Utah says same-sex marriage ruling a “judicial wrecking ball”
SALT LAKE CITY — In the final word before a federal appeals court hears arguments next month, the state of Utah argued that its marriage definition must be preserved as a matter of state sovereignty and the long-term benefits for children.
Domestic relations is a “virtually exclusive province of the states,” special assistant Utah Attorney General Gene Schaerr wrote.
“That’s why a decision affirming the district court would not be the Loving of our age — a narrow decision enforcing a clear Fourteenth Amendment command against one type of naked racial discrimination,” Schaerr wrote, referring to the historic case of Loving v. Virginia, that struck down interracial marriage bans.
Rather, he said, it would like another case — “an unprincipled judicial wrecking ball hurtling toward an even more important arena of traditional State authority.”
The state continued to stand by the studies it cited as evidence that redefining marriage could pose risks to children, including:
- Social, economic damage from “increased fatherlessness and mothernessless;”
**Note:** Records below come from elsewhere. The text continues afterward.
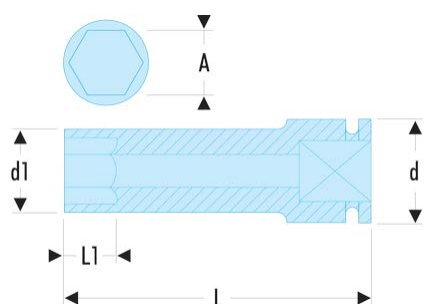

NKB.36 NKB - Lange Impact-6-Kant-Steckschlüssel 3/4", dünnwandig, metrisch

Produktbeschreibung :

- Verwenden Sie Impact-Steckschlüssel zu Ihrer Sicherheit mit geeigneten Ringen und Sicherungsstiften.
- Dünnwandig für enge und schwer zugängliche Anwendungsbereiche.
- Konvexes 6-Kant-Profil für höhere Festigkeit.

d1 [mm]:	50
H3 [mm]:	36
L [mm]:	102
L1 [mm]:	36
6-Kant [mm]:	6
BA:	BA.38A
GA:	GA.37A
[g]:	765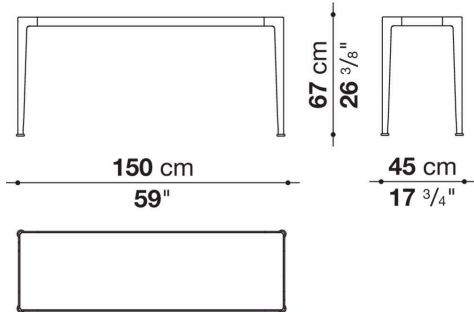

Gleiter

Elastomer thermoplastisch

Wetterfeste Abdeckung

Polyesterstoff auf einer PU-Seite

Technical drawings

MI150_6

MI150_6G

TMO162_6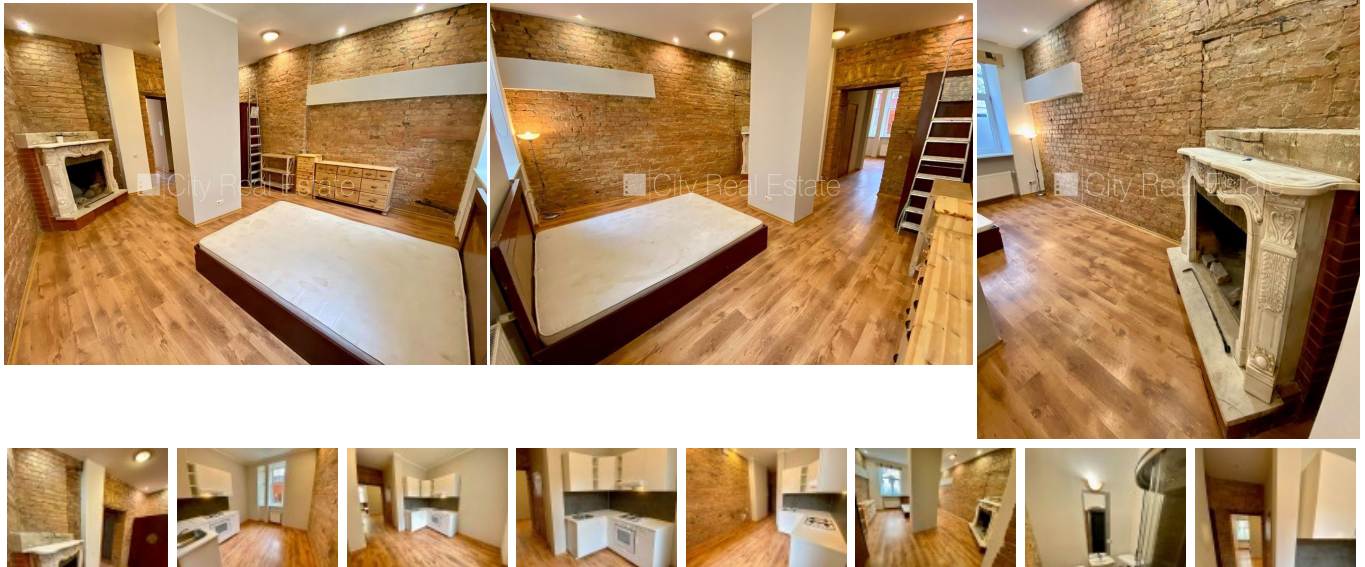

Сдают квартиру в Риге, Центре, Улица Матиса

Проект - Matīsa 38 (Матиса 38), здание во дворе, реновированный дом, закрытый двор, вход с улицы, лестничная клетка после капитального ремонта, окна выходят в обе стороны дома, одна изолированная комната, кухня, высокие потолки, камин, газовое отопление, центральное отопление, полная отделка, пластиковые стекло-пакетные окна, покрашенные стены, новая сантехника, ламинатный пол, кафельный пол, совмещённый санузел, душевая кабина, туалет, встроенная кухня, кровать, шкаф, холодильник, духовка, газовая плита, вытяжка, стиральная машина, интернет, лестничная клетка на кодовом замке, освобождена, стратегически выгодное место, заключая договор аренды Вам нужно будет оплатить первый месяц аренды, а также внести залоговый депозит в размере месячной арендной платы., за данный объект комиссия за посреднические услуги взимается в размере половины месячной арендной платы данного объекта, CITY REAL ESTATE ID - 183556

ID: **183556**
Тип: Квартира
Подтип: Довоенный дом
Цена: 370.00 EUR
Цена м2: 9.16 EUR
Площадь: 40.40 м²
Комнаты: 1
Этаж: 1 от 6
Ремонт: капитальный
Удобства: все
Мебель: вся

Контакты:

Edgars Priede, +371 27065516, edgars@cityreal.lv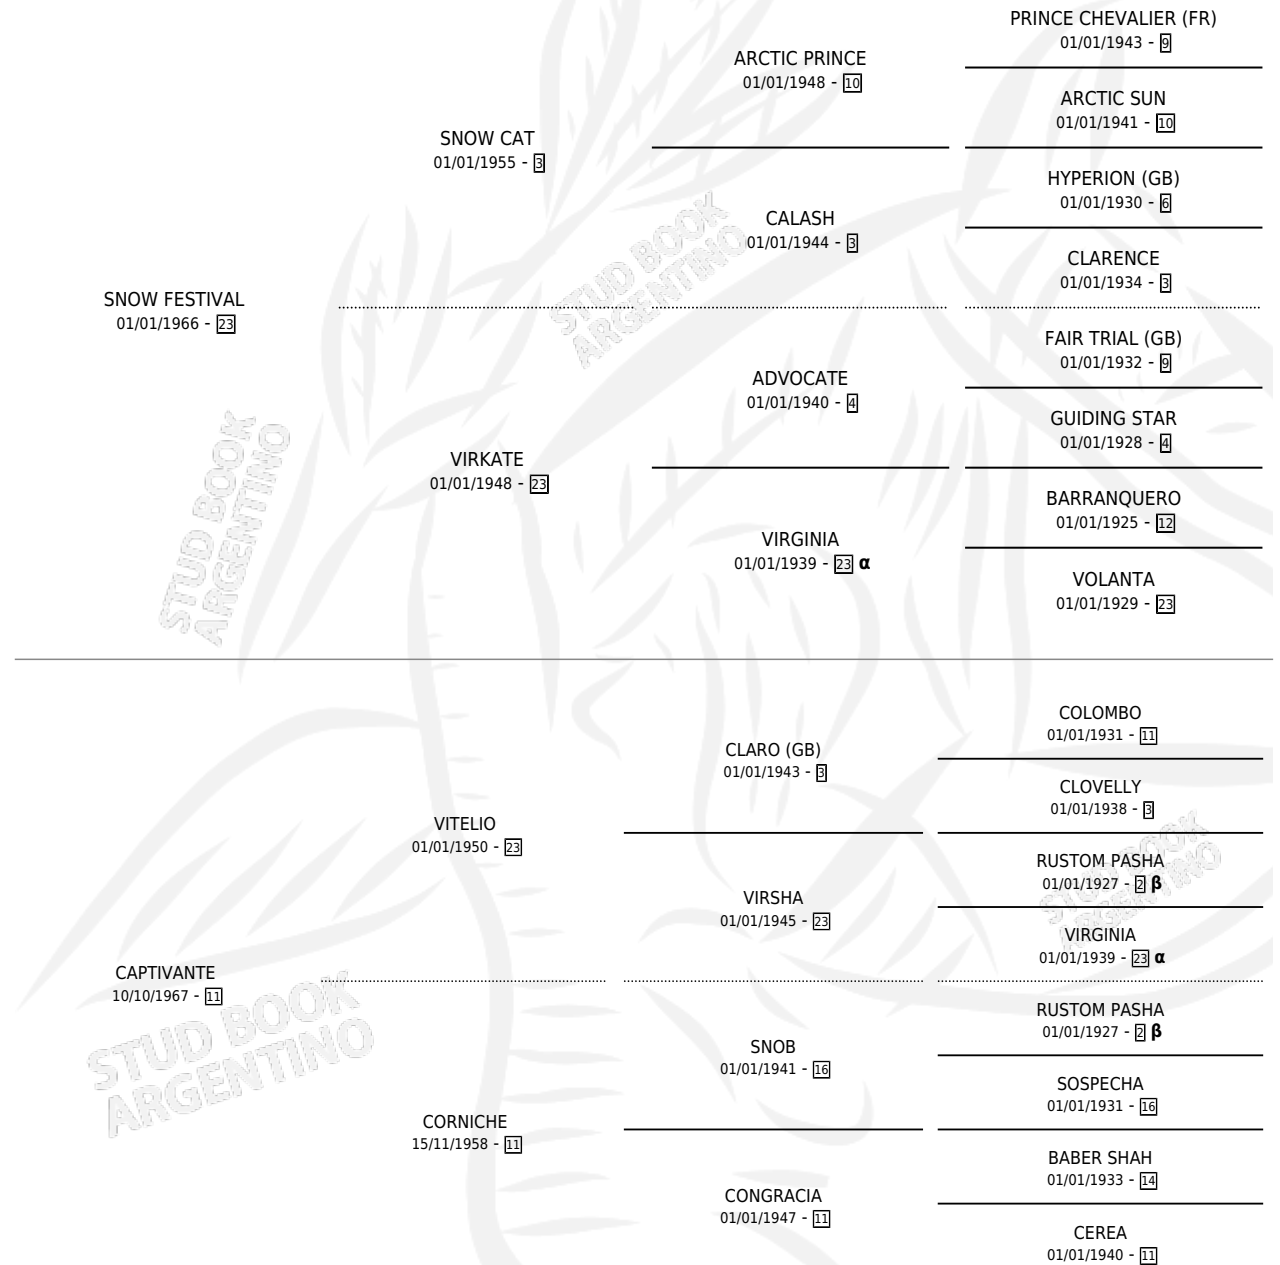

CIVETTE

por SNOW FESTIVAL y CAPTIVANTE por VITELIO

Argentina · Hembra · Zaino · SP · 21/10/1978
Familia 11 · Volumen 30

ESTADO

TIPIFICACIÓN SANGUÍNEA	X
TIPIFICACIÓN POR ADN	X
PASAPORTE	X
IDENTIFICACIÓN POR MICROCHIP	X
REPRODUCTOR	✓

Lugar de nacimiento: Campo particular

Criador: Sin dato

PEDIGREE

INBREEDING : α, β

CAMPAÑA

Solo carreras oficiales de Argentina

POR EDAD

EDAD	CC	1°	2°	3°	4°	5°	NP	CLC	CLG	CLCG1	CLGG1	IMPORTE	GANANCIA / CC
4 AÑOS	1	1	0	0	0	0	0	0	0	0	0	\$0	\$0
TOTALES	1	1	0	0	0	0	0	0	0	0	0	\$0	\$0
%		100%	0.0%	0.0%	0.0%	0.0%	0.0%	0.0%	0.0%	0.0%	0.0%		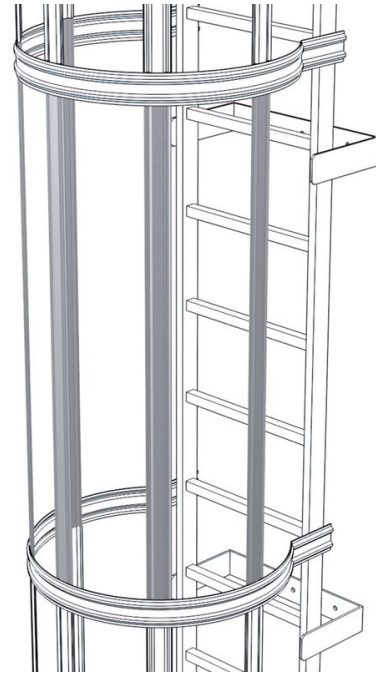

Selän suojatuki

Tuotekuvaus

- Rei'itetty profiililevy.
- Pituus: 1 400 mm. Leveys: 66 mm.

Tuoteominaisuudet

Vaihtoehdot

Tuotenumero 41245	Tuotenumero 42245	Tuotenumero 43245
Materiaali Eloksoitua alumiinia.	Materiaali Käsittelemätön alumiini	Materiaali galvanoitua terästä
Paino 0.9 kg	Paino 0.9 kg	Paino 2.2 kg
Tuotenumero 44245		
Materiaali Ruostumatonta terästä		
Paino 2.2 kg

- Reduced birth rates, “with the demographic and economic damage that would impose on all future children;”
- A “risk of increased self-interest in parental decision-making on a range of issues, including not just romantic relationships and procreation, but also recreation, career choices and living arrangements.”
On Dec. 20, U.S. District Court Judge Robert Shelby overturned Amendment 3 — Utah’s ban on same-sex marriage, ruling that it violated gay and lesbian couples’ rights to equal protection and due process. Utah appealed the ruling. Nearly 1,300 same-sex couples married in the state before the U.S. Supreme Court granted a stay.
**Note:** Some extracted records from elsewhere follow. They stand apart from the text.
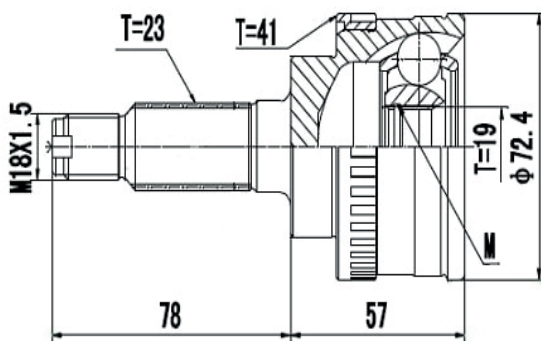

DODGE

DG80195

Journey 2.0 16V (09...11)
(32 Roda X 32 Câmbio X Trava IL)

DG80253

Journey 3.6 RT (12...), Journey 2.7/2.6 24V V6
(09...11) (32 Roda X 26 Câmbio X Trava ML)

EFFA

DG80252

M100 1.0 8V (06...12)
(23 Roda X 19 Câmbio X 41 Abs X Trava ML)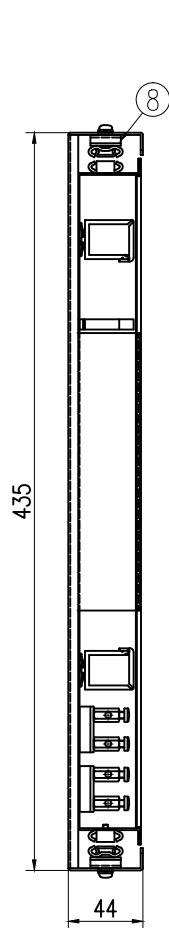

ケーブルクランプ斜め取付位置

ケーブルホルダ寸法図

カバー取外状態

ストローク329mm

引出し状態

13	トレイ台	A5052 (11.5)	1	テープ芯線タイプのみ取付可			
12	保護パネル	スモークアクリル	1				
11	装着トレイ	SPCC (11.2)	1	塗膜 (N1標準)	5	ケーブルホルダ	SPCC (11.6)
10	LCアダプタブロック	ABS (黒)	3		4	フロントフレーム	SPCC (11)
9	ワンタッチファスター		2		3	ロックフロントアダプタ	SPCC (12)
8	スライドレール		2		2	FDワ	SPCC (11.2)
7	芯線ガイド		7		1	メインフレーム	SPCC (11.2)
6	105mm幅トレイ						

型番	仕様	トレイ枚数	トレイ台
NS1-16LC	単芯用	2枚	なし
NS1-16LC-TP	テープ用	1枚	あり

APPROVED BY: [ ] CHECKED BY: [ ] TITLE: NS1-16LC外觀図  
DESIGNED BY: [ ] DRAWN BY: [ ]  
DRAWING NO.: L-6458-EX  
株式会社 ライブラ

Amendment 3, passed by 66% of voters in 2004, defines marriage in Utah as between a man and a woman and does not recognize anything else.
“With remarkable candor, the State concedes that the express purpose of Amendment 3 is to provide ‘special privilege and status’ to opposite-sex couples and their children, in order to send the message that they are the State’s preferred families… and to withhold protections from families headed by same-sex couples, in order to avoid sending the message that they are on a par with traditional man-woman unions,” attorney Peggy Tomsic wrote.
In its reply brief, the state continued to emphasize that preserving Amendment three would avoid social and religious strife.
“A judge- imposed redefinition of marriage will dramatically accelerate and intensify religious conflicts — by, for example, making it impossible for wedding photographers and bakers with religious objections to same- sex unions to avoid religious conflicts simply by limiting their businesses to man-woman marriage ceremonies,” Schaerr wrote.
The state of Utah also took note of another federal judge’s ruling that essentially decriminalize polygamy (the attorney general is in the midst of deciding if it will appeal that case), writing: “That slippery slope is yet another reason to reject Plaintiffs’ due-process argument, and leave the definition of marriage to democratic processes.”
Wrapping up its final arguments, Utah insisted that preserving the voter-approved definition of marriage is important to preserve state liberty.
“That kind of liberty is particularly important in times of rapid social change, when our ability to preserve and honor diversity of opinion, and our ability to experiment with new ideas, are most precious. Through democratic processes, such experimentation is now occurring in the several states on the crucial subject of marriage. Public opinion is apparently in flux,” Schaerr wrote.
“No one yet knows what the ultimate outcome will be, either nationally or in any given State. But the fact that different States have thus far chosen different paths is not a sign of political weakness; it is a sign of a healthy and diverse national republic.”
Arguments in the case will be heard on April 10 at the 10th U.S. Circuit Court of Appeals in Denver.